Hello, controversy! In all of metal, one of the most controversial topics is Black Sabbath with and without Ozzy. Passions are inflamed and regrettable words are spewed in both directions any time this debate comes up. Being a human completely lacking in emotion or empathy, I don’t care about it. I want good albums period, and let’s be honest, this record’s predecessor was Never Say Die!, undoubtedly one of the band’s least finest moments, with or without their infamous leading man. No matter what came next, it was a low bar.1 And what came next was actually, subjectively, unemotionally, one of the band’s finest moments.

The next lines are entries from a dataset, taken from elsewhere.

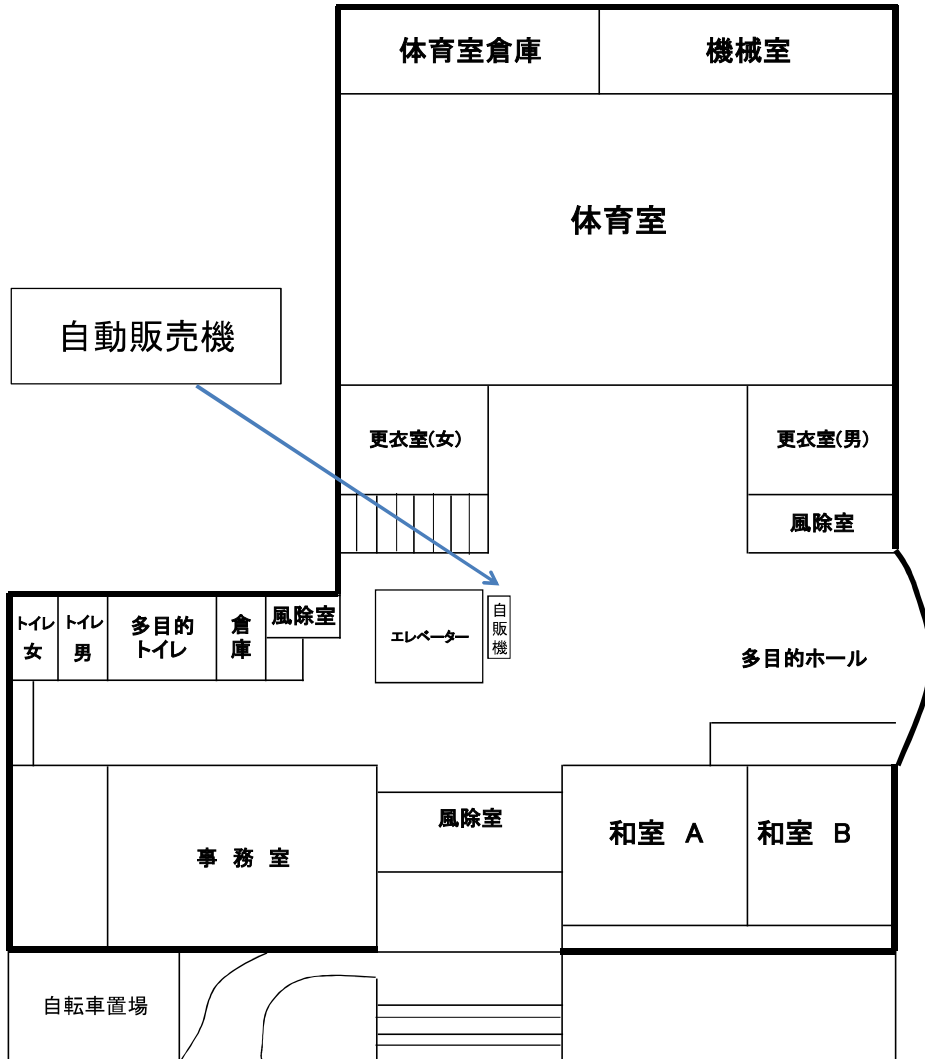

【Aグループ】

①荒木田ふれあい館

②町屋ふれあい館

⑤荒川さつき会館

1階配置図

⑥西尾久ふれあい館

⑦尾久ふれあい館

⑧東尾久本町通りふれあい館

1階平面図

⑨町屋三丁目ふれあい館 ※令和10年4月開設予定

【Bグループ】

①西日暮里ふれあい館

②タヤケコヤケふれあい館

3階平面図

③東日暮里ふれあい館

1階

自動販売機

④ひぐらしふれあい館

1階平面図

⑤南千住駅前ふれあい館

2階

⑥石浜ふれあい館

⑦ 汐入ふれあい館

⑧南千住喫煙所

南千住駅東口指定喫煙場所平面図

● . . . 灰皿

■ . . . 自動販売機

★ . . . 防犯カメラ
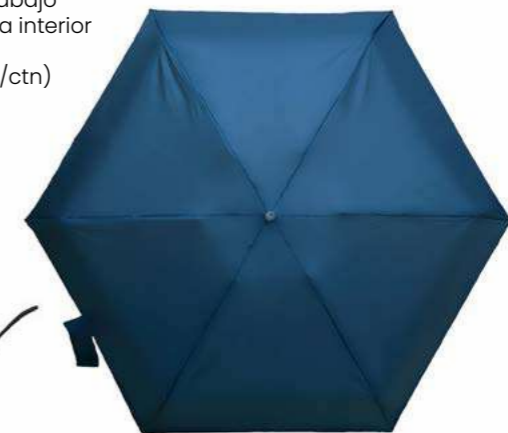

*COSTOS NO INCLUYE IVA
*NO INCLUYE PERSONALIZACIÓN
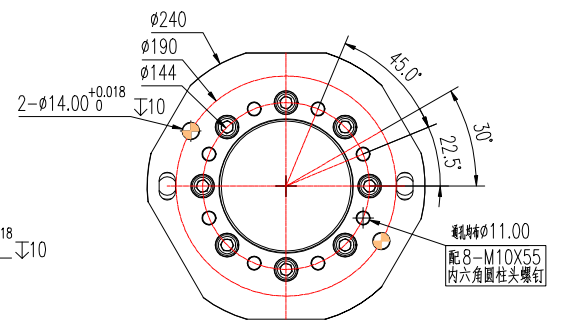

TS-AC-360

机器人本体侧安装尺寸图

工具本体侧安装尺寸图

搭配模块

电模块部分

- TS-AC-360R — M-D309
- TS-AC-360R — M-D316
- TS-AC-360R — M-D324
- TS-AC-360R — M-D332
- TS-AC-360T — T-D309
- TS-AC-360T — T-D316
- TS-AC-360T — T-D324
- TS-AC-360T — T-D332

气模块部分

- TS-AC-360R — M-P15M5
- TS-AC-360R — M-P901
- TS-AC-360R — M-P602
- TS-AC-360R — M-P503
- TS-AC-360T — T-P15M5
- TS-AC-360T — T-P901
- TS-AC-360T — T-P602
- TS-AC-360T — T-P503

伺服模块部分

- TS-AC-360R — M-SF25070334
- TS-AC-360T — T-SF25070334

水模块部分

- TS-AC-360R — M-S203
- TS-AC-360T — T-S203

焊接模块

- TS-AC-360R — M-HJ1503
- TS-AC-360T — T-HJ1503
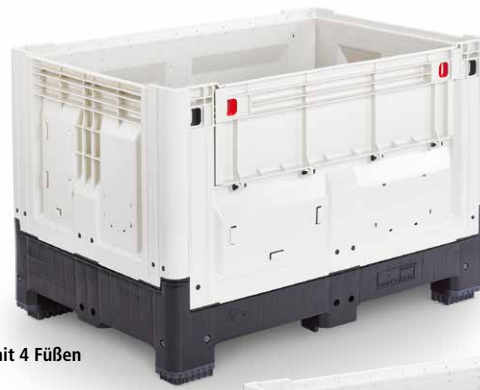

Palettenbox einfach und schnell auf- und zusammenklappbar

Mit praktischer Entnahmeklappe an der Längsseite.
In jedem Zustand **passgenau stapelbar**. Durch
die klappbaren Seitenwände wird die **Transport-
kapazität** im Leerzustand deutlich **erhöht**.

- Aus recyclebarem Polyethylen
- Traglast statisch 7.000 kg
- Mit Gabelstapler oder Hubwagen unterfahrbar

mit 4 Füßen

mit 3 Kufen

! lebensmittelecht

+ **Direkt mitbestellen!**

Deckel
für Länge x Breite 1.200 x 800 mm **BF525075** 222.-
für Länge x Breite 1.200 x 1.000 mm **BF525076** 228.-

Lager

Unterbau	4 Füße				3 Kufen			
	565	695	720	905	565	695	720	905
Inhalt Liter	1.100 x 800	1.200 x 800	1.200 x 1.000	1.200 x 1.000	1.200 x 800	1.200 x 800	1.200 x 1.000	1.200 x 1.000
Länge x Breite	800	973	800	973	805	978	805	978
Höhe	650	750	750	850	650	750	750	850
Traglast dynamisch kg	38	44	44	59,5	46	52	52	48
Gewicht kg	BF215494	BF215495	BF215496	BF215497	BF215498	BF215499	BF215500	BF215501
1 Stück	692.-	758.-	745.-	825.-	778.-	862.-	842.-	915.-
ab 3 Stück	565.-	645.-	638.-	725.-	688.-	765.-	742.-	825.-
ab 12 Stück	545.-	615.-	622.-	682.-	658.-	748.-	718.-	798.-

Nobody expected Heaven and Hell to be a landmark album, not even Black Sabbath. The band had toiled for nearly a year on the album, with nothing to show for it. Ozzy got canned, Geezer Butler went back home to tend to marital issues, and Tony Iommi wasn’t even sure a Black Sabbath album was in the cards. A side project with former Rainbow/Elf singer Ronnie James Dio was perhaps a better idea, but as the pair jammed it became apparent this was new Black Sabbath material. And when Geezer heard some demos (bass parts had been performed and often written by Geoff Nichols, including the excellent title track) he rejoined the band for recording.2 Nichols moved over to keyboards, which also play an effective role on the album, and Black Sabbath were back off to the races.

I won’t get into the Dio vs Ozzy debate, but the songs on Heaven and Hell are undeniably more musical and melodic than anything off the previous two Sabbath records. This may have rubbed olde-school fans the wrong way, but looking back this music is amongst the finest the band ever wrote. “Neon Knights” and “Die Young” are two electric, immediate songs that storm out of the blocks with guns blazing, the former with a more modern metal feel than one might expect, the latter with an ominous keyboard intro that would come into play again on follow-up The Mob Rules, and more of the thicker, bass-heavy riffing we had come to expect from the band. Two songs that, forty years and counting, I refuse to skip through when they spring up on the stereo.

Sure there are a couple of throwaway tracks that maybe would have been more suited to Rainbow than Black Sabbath – “Lady Evil” and “Walk Away” both lack bite and menace even though they are solid enough hard rock songs – but the standout songs are legendary. Beyond the two mentioned above, we have the iconic title track and the massive closer, “Lonely is the Word.” That song was a bit of a sign of what was to come in the thick, sludgy, and claustrophobic follow-up, The Mob Rules, a classic foray into doom metal which would be amped up to catastrophic proportions on “The Sign of the Southern Cross” and “Falling off the Edge of the World” the following year. And “Heaven and Hell” is the perfect doom song. A memorable riff, killer bass work, fantastic Dio lyrics, one helluva solo from Iommi, and a hauntingly evil acoustic fadeout make this one of my top twenty songs of all time.

The Dio era was short-lived, but to fans like me who don’t always care about what happened in the past, it produced two great albums (and one pretty good one a few years later). I listen to Heaven and Hell and The Mob Rules more than all other Black Sabbath albums combined. Maybe part of that is due to the inimitable legend Martin Birch,3 who produced many of the greatest metal albums of the era. Maybe it is due to the quality of the songwriting. Maybe it’s the chemistry and vitality that comes through in the songs, something we also saw from Ozzy on his first two solo outings around the same time. Really, though, it’s a combination of all the above, and Heaven and Hell was and remains a must-have album.


Show 3 footnotes

  1. Never Say Die is actually quite good, you Hucking hack! – Steel
  2. On a personal note, I love and hate Mr. Butler. Absolutely one of the best bass players in metal history, but notoriously hard lines to play. Drives me nuts sometimes.
  3. Yeah I bolded his name, and he’s not a band, but the fact that Martin Birch is the most important producer in metal history is a hill I will die on.